The Parental Hopes & Standards for Daughters | Teen Ink

The Parental Hopes & Standards for Daughters

May 22, 2024
By megmeg2024 BRONZE, Manchester, Connecticut
megmeg2024 BRONZE, Manchester, Connecticut
4 articles 0 photos 0 comments

   Parents raise their daughters under a significantly more critical scope than their sons. Sons are expected to have outward strength, while daughters are expected to carry more inner strength. When a daughter is first born like any infant she is fawned over, considered this precious gift brought into the family, but as parents sit in adoration, they begin to build up expectations and standards. These desires go for both children, the singular difference is emotional maturity within immediate family role expectations. From elementary age, we teach little girls to adopt (mothering) caretaking skills for everyone but themselves.  

     Mothering is becoming an emotional support for your family, a centerpiece. Emotional maturity, the skill of handling burdens with resilience, is often learned implicitly through family relationships.This differs in cultures as to its levels but remains distinguishable among all generations. Even so, in religions, the Catholic mother “Mary,” a senior saint, represents the most emotionally challenged mother in the history of Christianity, a beacon for incoming mothers. 

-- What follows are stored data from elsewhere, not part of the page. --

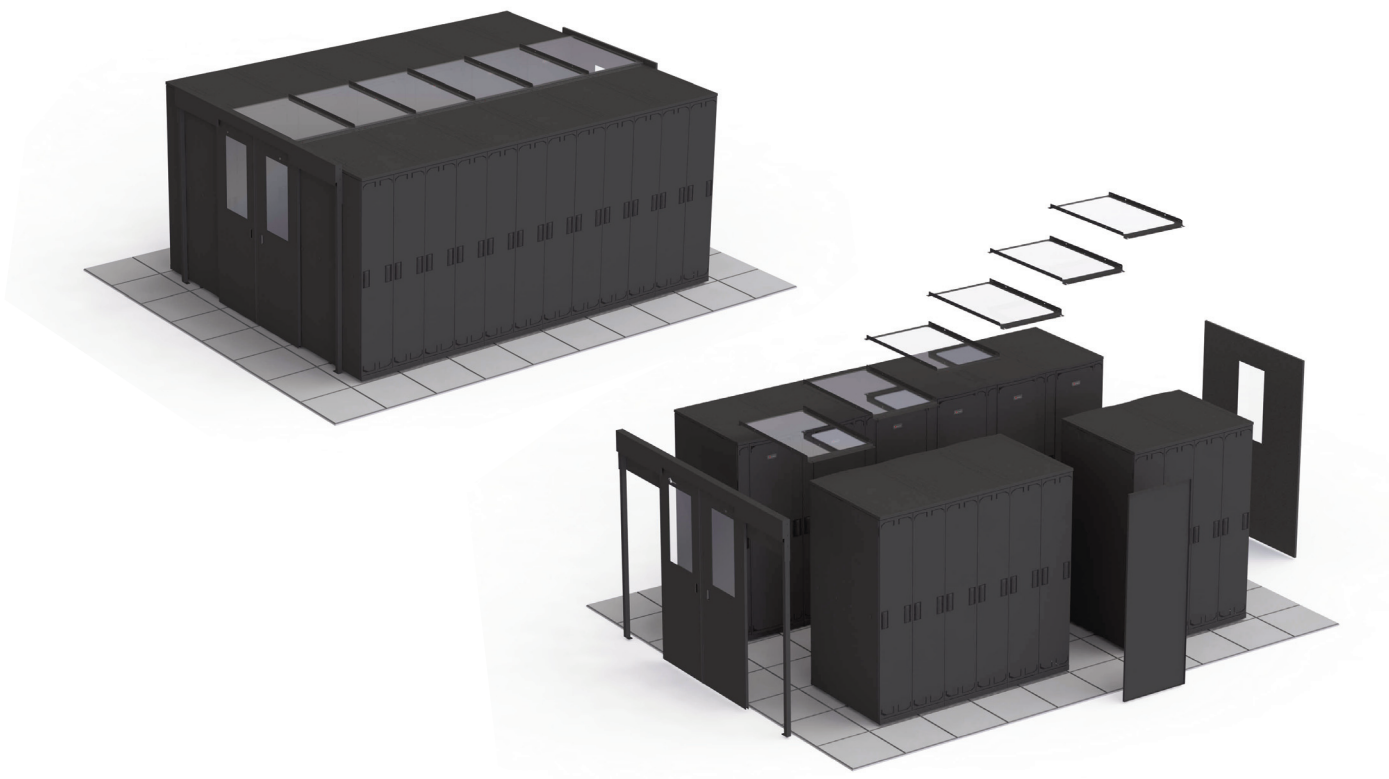

Cold Aisle Containment System

The Cold Aisle Containment System is a passive cooling solution which can be easily applied to improve the efficiency or expand the capacity of a data center with minimal incremental cost. By containing the cold air supply and isolating it from the rest of the room, cold aisle containment prevents mixing of cold and hot air. The room's perimeter cooling system can now operate more efficiently because it does not have to compensate for the detrimental impact of mixed airflow. This allows the cooling system to operate at higher temperatures while still sufficiently and safely cooling the equipment. Higher temperatures reduce energy costs through lower fan speeds, higher chilled water temperatures, and more frequent use of free cooling. This efficiency also provides additional capacity to cool greater heat densities with the existing cooling system without investing in more costly active supplemental cooling products.

Easy to Install – Quickly and easily attaches to VersaPOD and V600 cabinets

Retrofittable – Leverages existing perimeter cooling system and hot aisle / cold aisle arrangement

Thermal Isolation — Robust seals and self-closing doors ensure optimal isolation between hot and cold air

Product Information

PERFORMANCE SPECIFICATIONS

Specifications	
Material – Windows	Polycarbonate 4mm
Material – Metal Components	CRS
Finish	Textured powder coat
Color	Black (RAL 9011)
Light Transmission	87%

End Panel

1200mm wide end panel with window to fill aisle space opposite the door.
 VC-EP-A12B.....End panel, 45U

Filler Panels

45U solid filler panels to fill spaces where cabinets are not present, such as where columns or other obstructions exists
 VC-FP-V6N-AB.....V600
 VC-FP-VPN-AB.....VersaPOD
 VC-FP-VPS-AB.....SidePOD

      But what’s a daughter's role? Alber, researcher and co-editor, participated as lead author in a 2019 study resulting in, “Role Expectations and Role Evaluations in Daughtering: Constructing the Good Daughter.” Alber found parent relationships with daughters carry four basic expectations the daughter must follow: showing respect, providing protection, eliciting mothering, and making time for connection.

     Chores assigned to daughters prepare them for household maintenance roles, centering around actions of resolving others: meals, laundry, and messes. I questioned why my brother did the lawn work while I did the laundry and dishes, while most days completing his chores too. Daughters often perform routine household chores that, though seemingly minor, contribute to a greater, often unrecognized, exhaustion.

      Becoming an emotional candlelight for the family starts with respect being used to silence the daughter's voice. Simplifying our emotions to comfort our parents is mothering, like cushioning we provide by nodding our heads or holding tight smiles. Compelling daughters into caretaker roles for both their parents' and siblings' safety

     I share a six-year age gap with my 23-year-old brother. He lives on his own now as of recently. My brother lived in arrogance to my parents past early adolescence; his poor decisions were watered down. He was given triple every opportunity my mother afforded him . I’d feel anger and envy with how he wasted their trust in him. As his younger sister, tired of the selfish attitude, I’d ask my parents, mainly my mother, to parent him. A role, not mine to grasp. This ached in aspects, knowing I wouldn’t receive the same opportunities as him, their daughter. 

    This behavior defines both protecting one's family dynamic and eliciting mothering. Daughters seek validation from mothers to self-evaluate their worth. Failure is gut-wrenching. Alber studied this dynamic, writing “When a daughter calls upon her mother for guidance or activates a need for an emotional evaluation such as pride, she is fulfilling her role expectations.” Wishing to resemble our mothers' roles, this generational mothering trait makes us feel inadequate as individuals.

     What if we’re not meant to fulfill roles like our mothers? What if we’re meant to create new paths rather than lives?  

     We’re to seek forming strong connections with our mothers. However, the relationship is often like war due to the mother observing the mirror effect fade as the daughter takes on her independence. Katabua, educational psychologist wrote “ a mother can often see the fruit of her labour in raising her daughter, which can be explicitly validating, especially when the daughter idealises her mother. In those instances, the daughter may put in the effort to receive attention from her mother, and the mother, in turn, feels validated when she recognises how much her daughter emulates her.”Mothers easily feel animosity toward their daughters' increasing distance, an equation for young girls' greatest rejection. As if all her emotional labor was nothing but minimal efforts from her mother's perspective. When striving for connection,  what do we do when validation is crushed or withheld? It's a craving to be strong like a daughter and loved unconditionally like a son.

     However there’s a resolution, not one of complexity but personal mindset mothers can grow. All mothers were once in their daughters’  position of responsibility, so they can prevent the cycle from repeating. The mindset essential to this change follows: a daughter is just as brilliant as a son but just as young and formable at heart as a son. Once a mother can understand her influence, she changes the daughter's experience and the family's dynamic. 

      

 

 

 

 

 

 

 

 

 “Baylor Study: What Does It Take to Be an 'Ideal Daughter?'” Baylor University, 11 November 2019,    

          news.web.baylor.edu/news/story/2019/baylor-study-what-does-it-take-be-ideal-daughter. Accessed 22 April 2024.

Nandkeolyar, Karishma H. “Why are mother-daughter relationships so complicated

         Parenting-mums-dads – Gulf News.” Gulf News, 21 March 2022, gulfnews.com/parenting/mums-dads/why-are-mother-daughter-relationships-so-complicated-1.1647871193941. Accessed 22 April 2024.